Подход к изучению «Ашаршылыка», как стали называть казахстанский голод 1930-х годов, изменился во времена перестройки и после получения республикой независимости: в 1992 году правительственная комиссия постановила признать голод геноцидом казахского народа, появилось множество работ на основе архивных материалов. Однако в 2000-е годы интерес к этой теме угас – в том числе и по причине указаний «сверху». Назарбаев, возможно, опасался, что раскручивание интерпретации событий 1930-1933 годов как геноцида может испортить отношения с Россией. Выступая на открытии памятника жертвам голода в Астане в 2012 году, президент специально предостерег от «политизации» данной темы. Еще одно объяснение того, почему тема казахского голода не столь явно присутствует в публичном дискурсе, – элиты Казахстана сделали ставку на будущее, на глобализацию и технократизм, отодвинув кочевой образ жизни в легендарное фольклорное прошлое. Поэтому, вероятно, скорбь по разрушенному кочевому образу жизни казалась не очень актуальной.

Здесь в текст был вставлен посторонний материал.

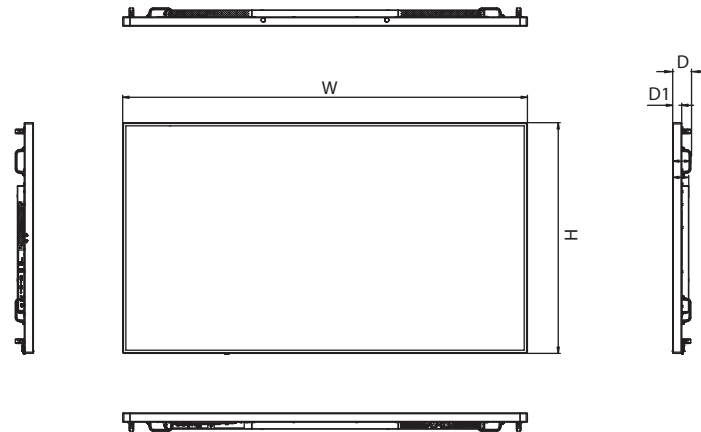

VUE 86" 4K Series

Dimensions

Unit: mm [inch]

	Outline Dimension				Bezel Width	
	W	H	D	D1	T/L/R	B
86" Digital Signage series	1928	1099	86	43	15.15	15.15

Ordering Information

Description	Part Number	Power cord	Packing list
86" 4K non touch Digital Signage	VUE-5860-UD41SA-LO	Signage with JP/KR Power cable (C8,1.8M)	▪ VGA cable (1.8 M) ▪ HDMI cable (1.8 M) ▪ RS-232 cable (1.8 M) ▪ RS-232 daisy cable (1.8 M)
	VUE-5860-UD41SX-LO	Signage with TW/US/EU Power cable (C8,1.8M)	
	VUE-5860-UD41SC-LO	Signage with CN Power cable (C8,1.8M)	
	VUE-5860-UD41SE-LO	Signage with UK/AU/ME Power cable (C8,1.8M)	

Accessories

Part number	Description
960T-WM-80H50V	86" Wall mount kits
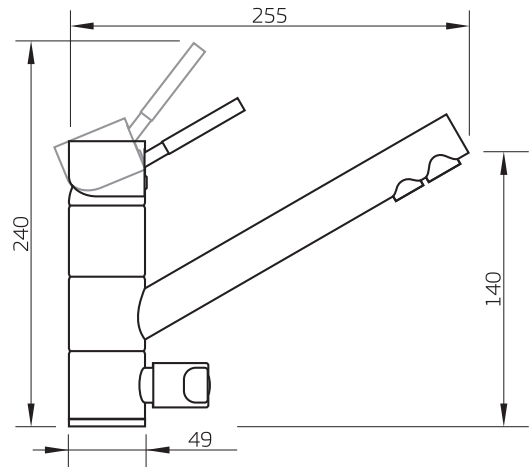

Z1 Filter

TRIPLA-T1

GENERAL INFO

DESIGNED FOR MAINS WATER

Quick-Twist Undersink Filter With Tripla T1 3-Way Mixer Tap

The Z1-T1 'tap & filter' package incorporates the latest Z1 filtration technology and the Tripla triple-action tap all-in-one system.
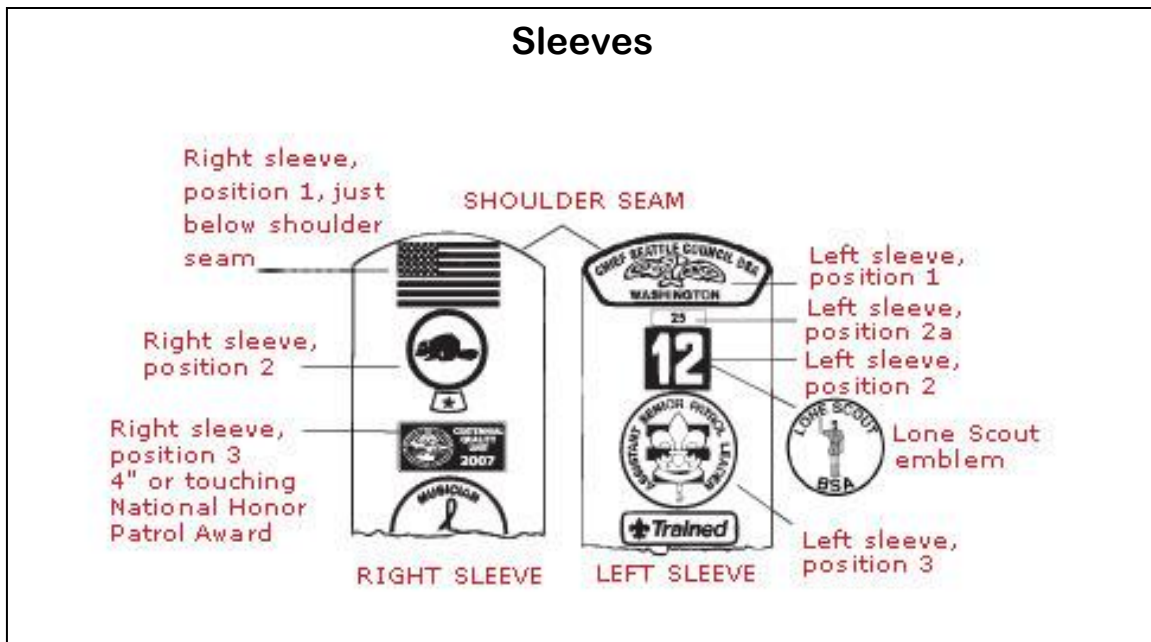

BOY SCOUTS OF AMERICA - TROOP 97 CHATHAM, ILLINOIS

Uniform Insignia Placement

These diagrams show the proper placement of patches on the Boy Scout uniform. This information can also be found on the inside front and back covers of the Boy Scout Handbook.

Sleeves

Pockets
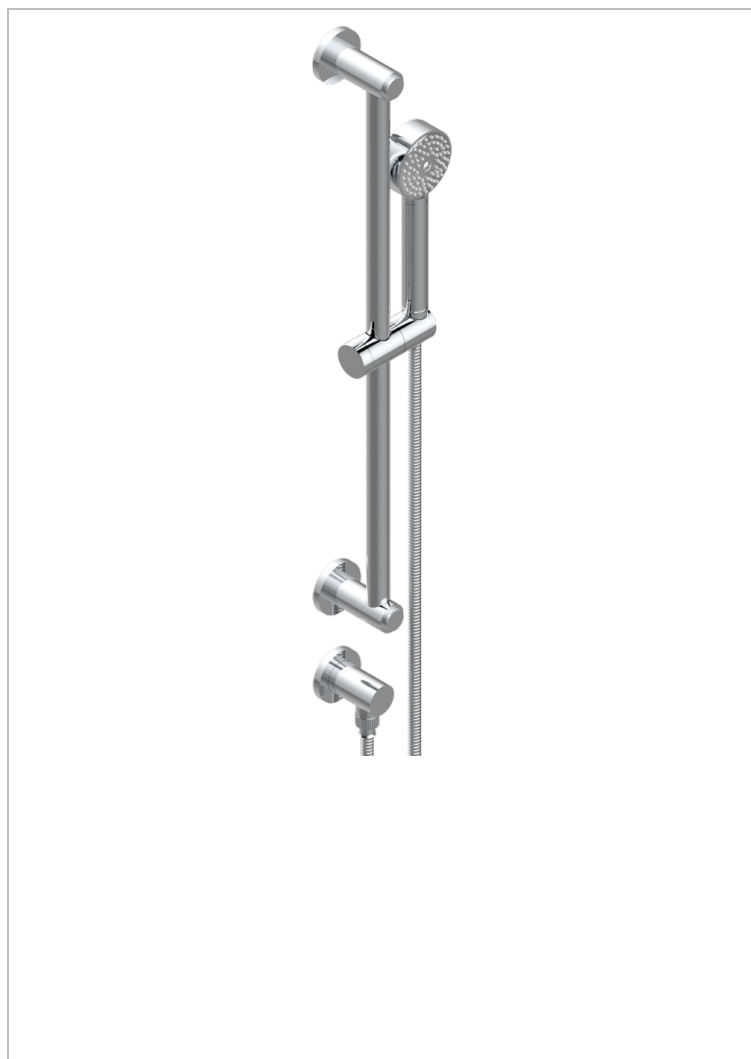

POMME GOLD LUSTER CRYSTAL

A46-58

Wall mounted stylised handshower, sidebar, hose, hook and elbow

CHARACTERISTIC

- Pomme Gold luster crystal
- Wall mounted stylised handshower, sidebar, hose, hook and elbow

TECHNICAL SPECS

- Recommandé : 3 bars (max. 5 bars) - Advised : 43,5 psi (max. 72 psi)
- 9,5 l/min à 3 bars (2.5 gpm at 43.5 psi)

AVAILABLE FINITIONS

Antique nickel - H28
 Black ceram - D30
 Blush PVD - H62
 Brass color PVD - H49
 Brown bronze color PVD - F33
 Gold color PVD - H52

Graphite PVD - H64
 Lacquered light bronze - D01
 Matt Umber PVD - H67
 Matt blush PVD - H60
 Matt brass color PVD - H50
 Matt brown bronze color PVD - F34

Matt chrome - C02
 Matt gold - F07
 Matt gold color PVD - H53
 Matt graphite PVD - H65
 Matt nickel (color finish) - C01
 Matt nickel color PVD - H56

Nickel color PVD - H55
 Polished chrome (color finish) - A02
 Polished chrome / Polished gold (color finish) - G02
 Polished gold (color finish) - F01
 Polished nickel - B01
 Soft gold - F30

Soft matt gold - F31
 Umber PVD - H66
 Varnished matt antique red copper (color finish) - H07

Но тогда же, в 2000-2010-е годы, эстафету активных исследований катастрофы подхватили западные ученые. Неожиданным образом подобралась целая международная сеть историков: итальянец Никколо Пьянчола, немец Роберт Киндлер, француженка Изабель Оайон и американцы Мэтью Пейн и Сара Камерон. Все они работают на материалах из открывшихся после 1991 года партийных архивов (архивы НКВД все еще закрыты для ученых). Главная монография Киндлера («Сталинские кочевники: власть и голод в Казахстане») вышла в русском переводе.
Готовится русский (издательство «Новое литературное обозрение») и казахский («Сёз») переводы очень важной книги Камерон – «Голодная степь: голод, насилие и создание советского Казахстана» .
Три удара по кочевому обществу
Ученые согласны с тем, что первый удар по складывавшемуся столетиями кочевому укладу нанесла коллективизация — уже с 1929 года крестьянство по всему Советскому Союзу фактически загоняли в колхозы, ни благополучию общества, ни его естественной кооперации это не способствовало. Второй удар — для индустриализации и строек первой пятилетки партия приказала реквизировать у крестьян продовольствие (чтобы прокормить рабочих). На Украине, на Кубани, на юге России реквизировали зерно, а для казахов это означало расстаться со своим скотом. Впрочем, зерно активно изымали и в северных районах КазАССР с не менее трагичными последствиями. Двух этих ударов было достаточно для катастрофы, но казахов добили еще и третьим: форсированным переходом к оседлому образу жизни. Именно так коммунисты пытались превратить «отсталых» казахов в образцовый социалистический народ (а также вывести их из сферы влияния богатых баев, чья власть якобы опиралась на большие стада). Однако нет единогласия и в том, что стало «спусковым крючком» катастрофы. Пейн делает упор на принуждение к оседлому образу жизни, Пьянчола — на жесткие требования к поставкам мяса и зерна. Впрочем, все западные ученые уверены, что для партии голод стал инструментом подчинения казахов советской власти.
Камерон рассказывает о партийных дискуссиях, которые велись еще в 1920-е годы: кто-то, как Ахмет Байтурсынов, утверждал, что казахские аилы уже представляют собой ячейку коммунистического общества с совместным имуществом. Другие признавали необходимость перехода к оседлости – но постепенно, в течение нескольких десятилетий. Однако политика «великого перелома», которую в Казахстане проводил Голощекин, требовала действовать быстро – и в итоге коллективизация, голод и оседание нанесли казахскому обществу ущерб, от которого оно так и не оправилось. Погибло около 90% поголовья скота. В результате окончательно оформился советский Казахстан как территория с четкими границами и более-менее оседлым, а значит, подконтрольным государственной политике населением.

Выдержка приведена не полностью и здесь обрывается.